На пиру невидимок стеклянно звучат голоса,
И ночной разговор убедительно ясен и грустен.
— Я на миг, я на миг, я погреться на четверть часа.
— Ты навек, ты навек, мы тебя никуда не отпустим.

— Ты всё снился себе, а теперь ты к нам заживо взят.
Ты навеки проснулся за прочной стеною забвенья.
Ты уже на снежинки, на дымные кольца разъят,
Ты в земных зеркалах не найдёшь своего отраженья.

Это 1967 год, хотя некоторые издания датируют его 1969-м.

А вот стихотворение, написанное в том же 1967 году, совершенно одновременно, стихотворение Семёна Липкина «Зола» — тоже двенадцать строчек, тоже три четверостишья, тоже названо нейтральным словом женского рода:

Я был остывшею золой
Без мысли, облика и речи,
Но вышел я на путь земной
Из чрева матери — из печи.

Ещё и жизни не поняв
И прежней смерти не оплакав,
Я шёл среди баварских трав
И обезлюдевших бараков.

Неспешно в сумерках текли
«Фольксвагены» и «мерседесы»,
А я шептал: «Меня сожгли.
Как мне добраться до Одессы?»

Это гениальное стихотворение!

Вот в чём дело. Это два очень сильных стихотворения и очень разных. И вот вопрос: кому было сложнее? Липкину ли, который должен был ужас войны перенести в стихи? Дело в том, что поэзия не выдерживает слишком страшного, она не выдерживает физиологически страшного. Есть вещи, которые в стихах делать нельзя. Может быть, их сделал только Слуцкий (и его стихотворение «Бухарест» мы включили в эту антологию), но Слуцкий заплатил рассудком за это. А вот Липкин сумел не педалировать ужасное, а он сумел написать, в сущности, готическое стихотворение, мистическое стихотворение о концлагере, о посмертном бытии.

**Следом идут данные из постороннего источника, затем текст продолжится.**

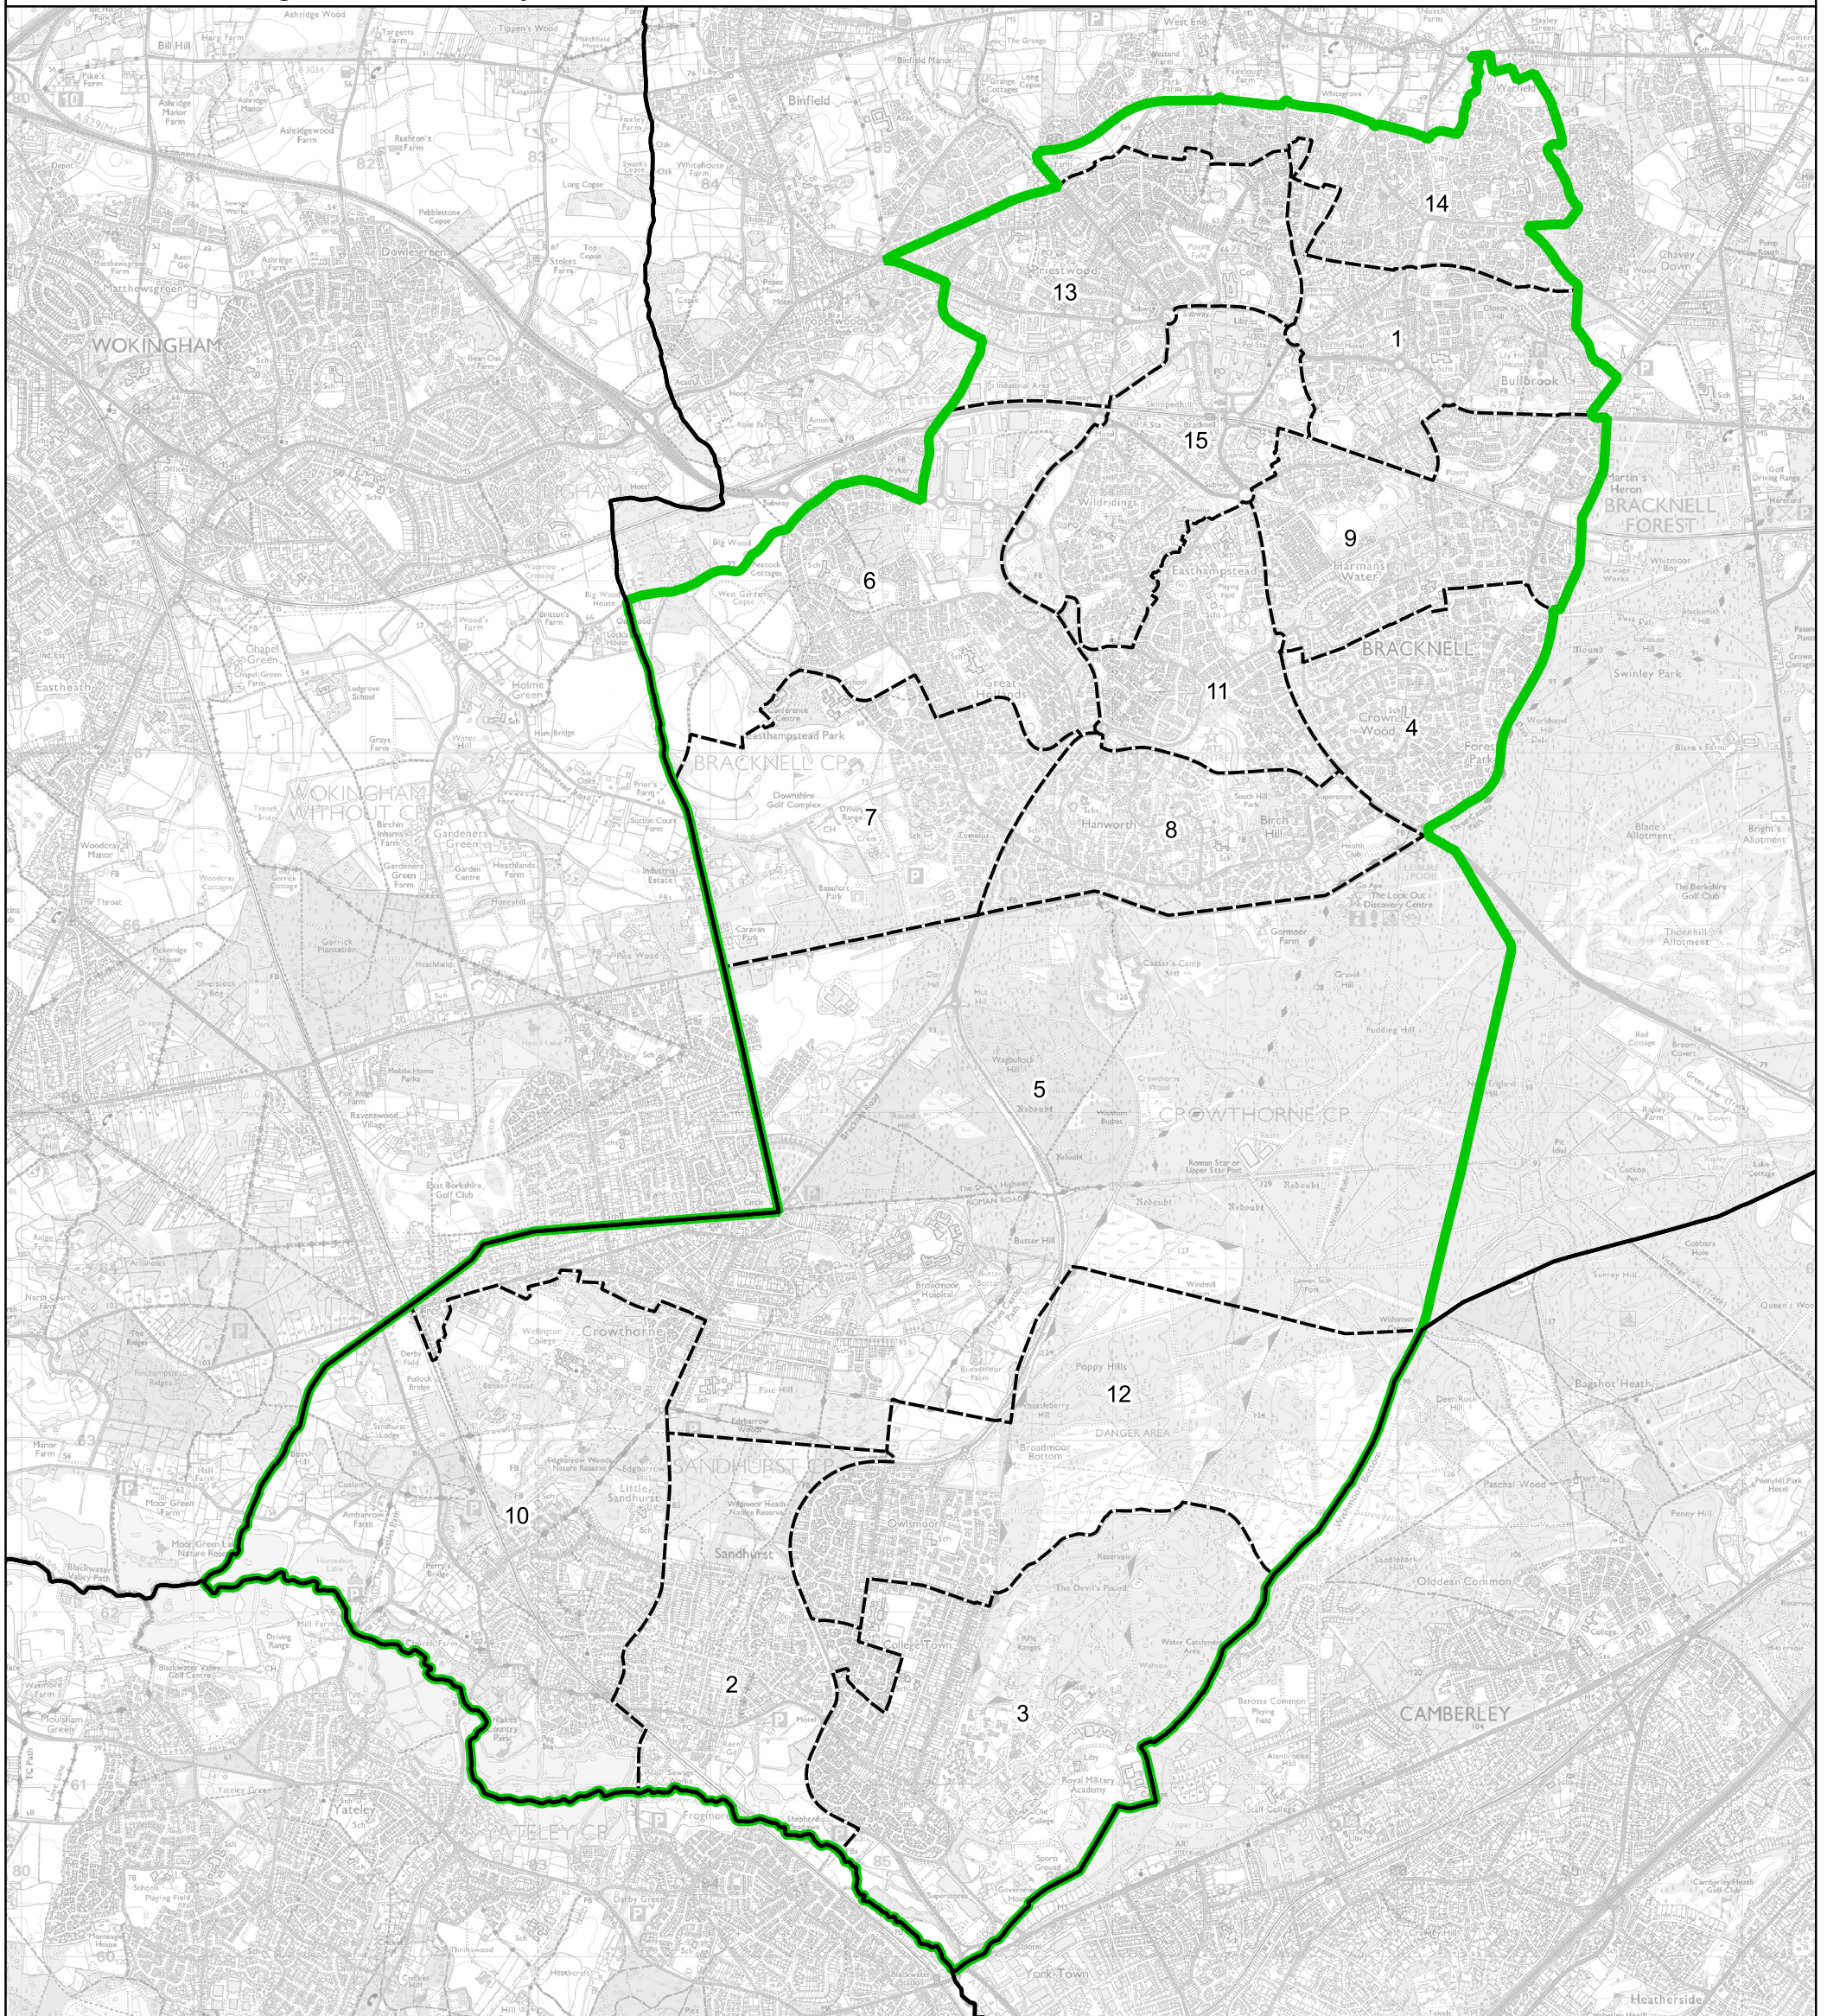

Boundary Commission for England - Final Recommendations for the South East Region  
 Bracknell Borough Constituency - Electorate 70,247

Wards:

- |                        |                                    |
|------------------------|------------------------------------|
| 1 Bullbrook            | 9 Harmans Water                    |
| 2 Central Sandhurst    | 10 Little Sandhurst and Wellington |
| 3 College Town         | 11 Old Bracknell                   |
| 4 Crown Wood           | 12 Owlsmoor                        |
| 5 Crowthorne           | 13 Priestwood and Garth            |
| 6 Great Hollands North | 14 Warfield Harvest Ride           |
| 7 Great Hollands South | 15 Wildridings and Central         |
| 8 Hanworth             |                                    |

- Constituency
- Local Authorities
- Wards

© Crown copyright and database rights 2023 OS 100018289. You are permitted to use this data solely to enable you to respond to, or interact with, the organisation that provided you with the data. You are not permitted to copy, sub-licence, distribute or sell any of this data to third parties in any form. Third party rights to enforce the terms of this licence shall be reserved to OS.

# Bracknell Borough Constituency
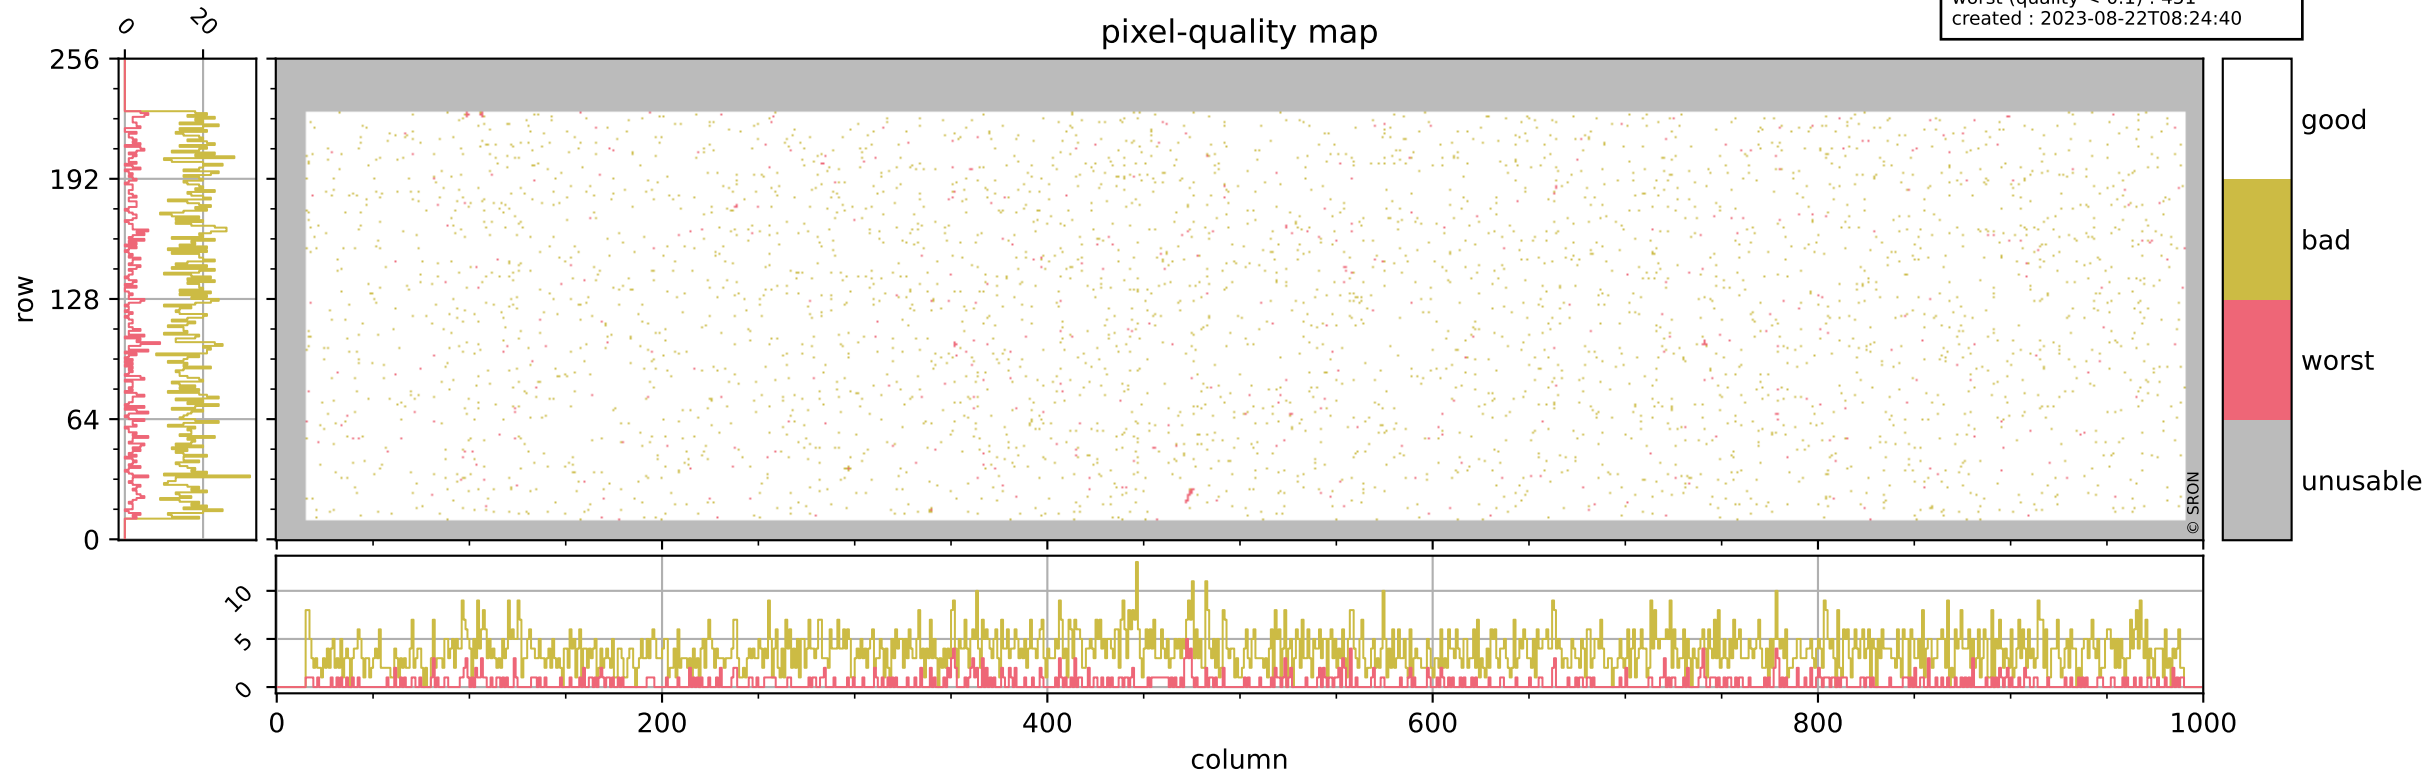

Tropomi SWIR pixel quality (official)

orbits : 20 in [19702, 19747]
coverage : 2021-08-02 / 2021-08-05
bad (quality < 0.8) : 3760
worst (quality < 0.1) : 451
created : 2023-08-22T08:24:40

pixel-quality map

Tropomi SWIR pixel quality (official)

orbits : 20 in [19702, 19747]
coverage : 2021-08-02 / 2021-08-05
bad (quality < 0.8) : 300
worst (quality < 0.1) : 114
created : 2023-08-22T08:24:41

pixel-quality map (dark)

Tropomi SWIR pixel quality (official)

orbits : 20 in [19702, 19747]
coverage : 2021-08-02 / 2021-08-05
bad (quality < 0.8) : 3493
worst (quality < 0.1) : 371
created : 2023-08-22T08:24:41

pixel-quality map (noise average)

Tropomi SWIR pixel quality (official)

orbits : 20 in [19702, 19747]
coverage : 2021-08-02 / 2021-08-05
created : 2023-08-22T08:24:41

Histograms of pixel-quality

Tropomi SWIR pixel quality (official) ground-tracks of Sentinel-5P

Кому было легче? С одной стороны, на стороне Липкина чудовищно сильная фактура, которая сама по себе очень многое говорит. Как сказала мне когда-то Женя Басовская, один из любимых моих филологов: «Когда я ужасаюсь смерти в газовой камере, как её описывает Гроссман, то это не литературная заслуга Гроссмана, а это материал, который сильнее». Это я понимаю. Но при этом, с другой стороны, есть определённое великое мужество, чтобы коснуться этой темы и при этом не пропедалировать её, а написать максимально сдержанный текст.

Что касается Шефнера, то ему приходится работать, конечно, с материалом гораздо более хрупким. Я думаю, что это стихотворение — это описание сна. Можно, кстати, «семантический ореол метра» прокрутить. Это пятистопный анапест, а это размер довольно редкий. Два самых известных стихотворения этим размером в русской поэзии — это Мандельштам («Золотистого мёда струя из бутылки текла» ) и Окуджава («О Володе Высоцком я песню придумать хотел»). Оба стихотворения как-то варьируют, конечно, идею смерти или, во всяком случае, идею возвращения: «И, покинув корабль, натрудивший в морях полотно, // Одиссей возвратился, пространством и временем полный».А куда возвратился, к чему возвратился? Возвратился, в общем, к разбитому корыту. (Кстати, хорошая идея: Пенелопа как старуха, сидящая у разбитого корыта. Это интересная история.)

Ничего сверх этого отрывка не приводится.